Jessica learned something else during her Alexander lessons.  She not only had extra tension in her back, she also had it throughout her body.  No matter what she was doing, it was always there in the background.  It turns out that most people have some extra tension in their muscles (although thankfully most of us don’t have the kind of pain Jessica did)

Our background tension is a little bit like your refrigerator.  Think back to a time when you were in your kitchen and your refrigerator shut off.  Suddenly, the room got very quiet, and then you realized that, all this time, the refrigerator had been making a noise, a background hum, that you hadn’t been aware of.  It was only when the hum stopped, and the room got quiet, that you realized how loud the noise had been.

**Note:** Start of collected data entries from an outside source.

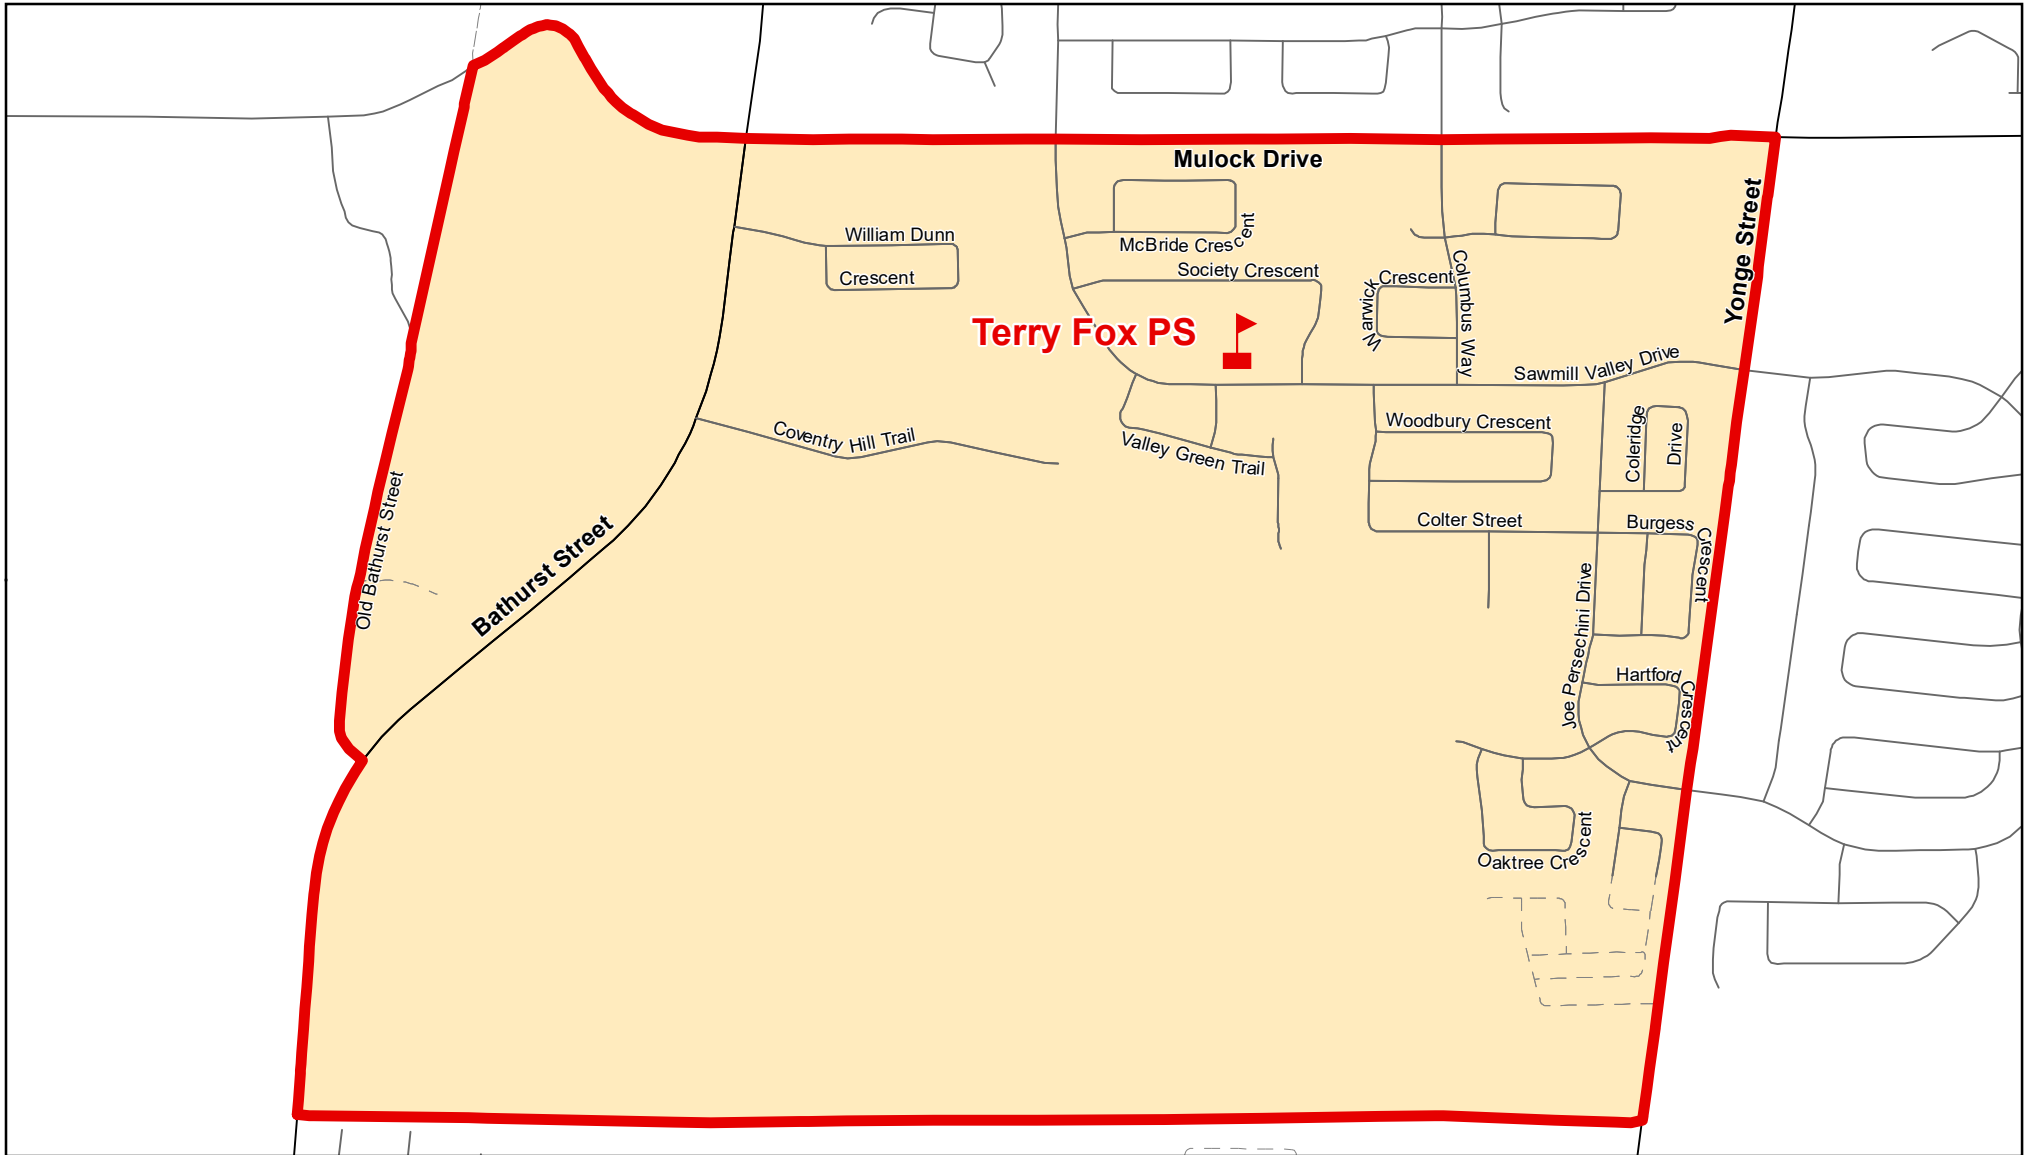

## Legend

- |   |   |   |
|---|---|---|
|  Elementary School |  School Boundary |  Urban Road    |
|  Secondary School  |  Holding Area    |  Regional Road |
|  Railway         |  Proposed Road   |   |

## Notes

New development in the Alexander Muir PS boundary will be held at Terry Fox PS.

Boundary Approved: 2002

Map Updated: August 2019

# Holding Area at Terry Fox PS, Town of Newmarket

Due to rapid population growth in some York Region communities, it may be necessary for new students to temporarily attend a school other than the one normally designated for their community.

**Map Updated: August 2019**
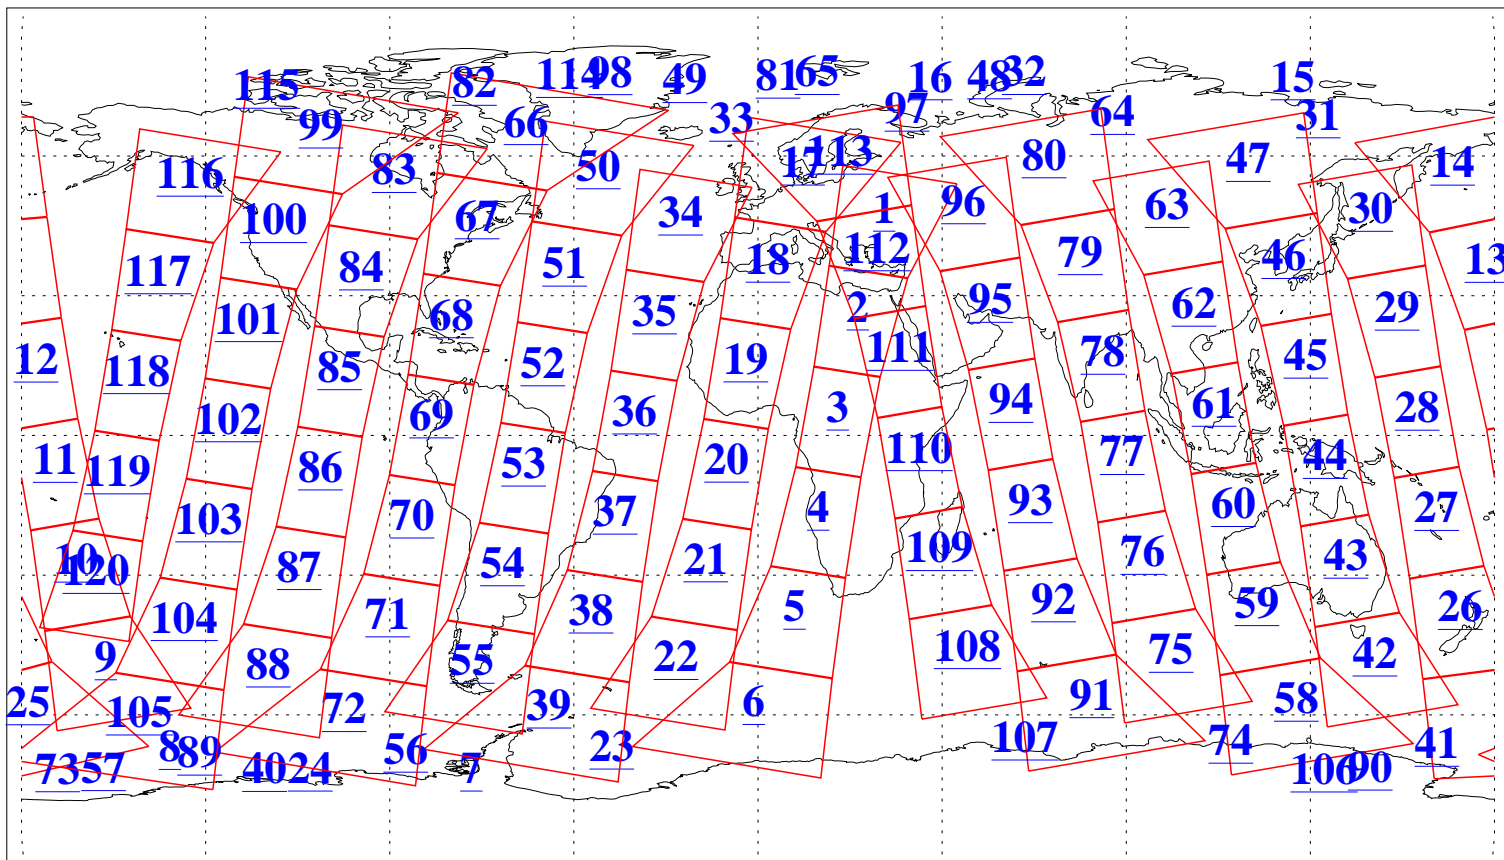

L1B Availability
AMSU Granules: 240
HSB Granules: 0
AIRS Granules: 240

1 Jul 2010
DoY 182
Aqua Day 2980
Granules: 1 to 120

Granules: 121 to 240

Legend: AMSU Available, HSB Available, AIRS Available

L1B Availability
AMSU Granules: 240
HSB Granules: 0
AIRS Granules: 240

1 Jul 2010
DoY 182
Aqua Day 2980

Ascending Granules

Descending Granules

Legend: AMSU Available, HSB Available, AIRS Available

L1B Availability
 AMSU Granules: 240
 HSB Granules: 0
 AIRS Granules: 240

1 Jul 2010
 DoY 182
 Aqua Day 2980

Northern Hemisphere Granules

Southern Hemisphere Granules

Legend: AMSU Available, HSB Available, AIRS Available
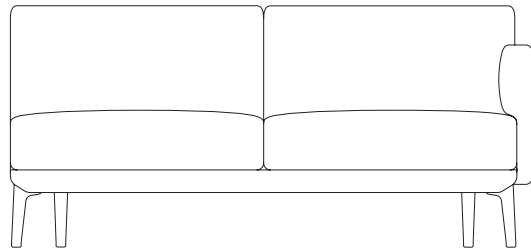

Right corner 2 seater “end”

Designer
Rodolfo Dordoni

Collection
Boma

Reference
KS2501400

1/3

The Boma collection, designed by Rodolfo Dordoni for Kettal, was born from the need of high performances of outdoor environment, without sacrificing the increasing demand for comfort that new products have to face. Therefore the structure is organized around a frame entirely made of aluminum, capable of hiding in the essentiality of its lines either the quality of the used materials and the chance of easy articulation in different compositions.

cm/inch

For most of us, our extra muscle tension is like that: it’s there all the time and we’re not even aware of it.  Then, when we take Alexander lessons, our teacher helps us “shut off” the tension for the first time.  That way, we learn how much “noise” we had inside, so to speak – and also how quiet our body can potentially be.

 

Let me get back to Jessica and her story.  During her Alexander lessons, she learned how to reduce the extra muscle tension in her back and in the rest of her body.  In addition, she learned how to improve the alignment of her head, neck and back.  As part of that process, she learned how to lengthen her spine so that there was much less pressure on her vertebrae.

As a result, she was pain free when I last saw her.

One final note.  Jessica wishes she’d had Alexander lessons as part of her rehabilitation right after her surgery.  She thinks that might have sped up her recovery.  She also wonders what might have happened if she’d had lessons five or seven years before the surgery.  It’s possible she might have been able to prevent all of her back problems.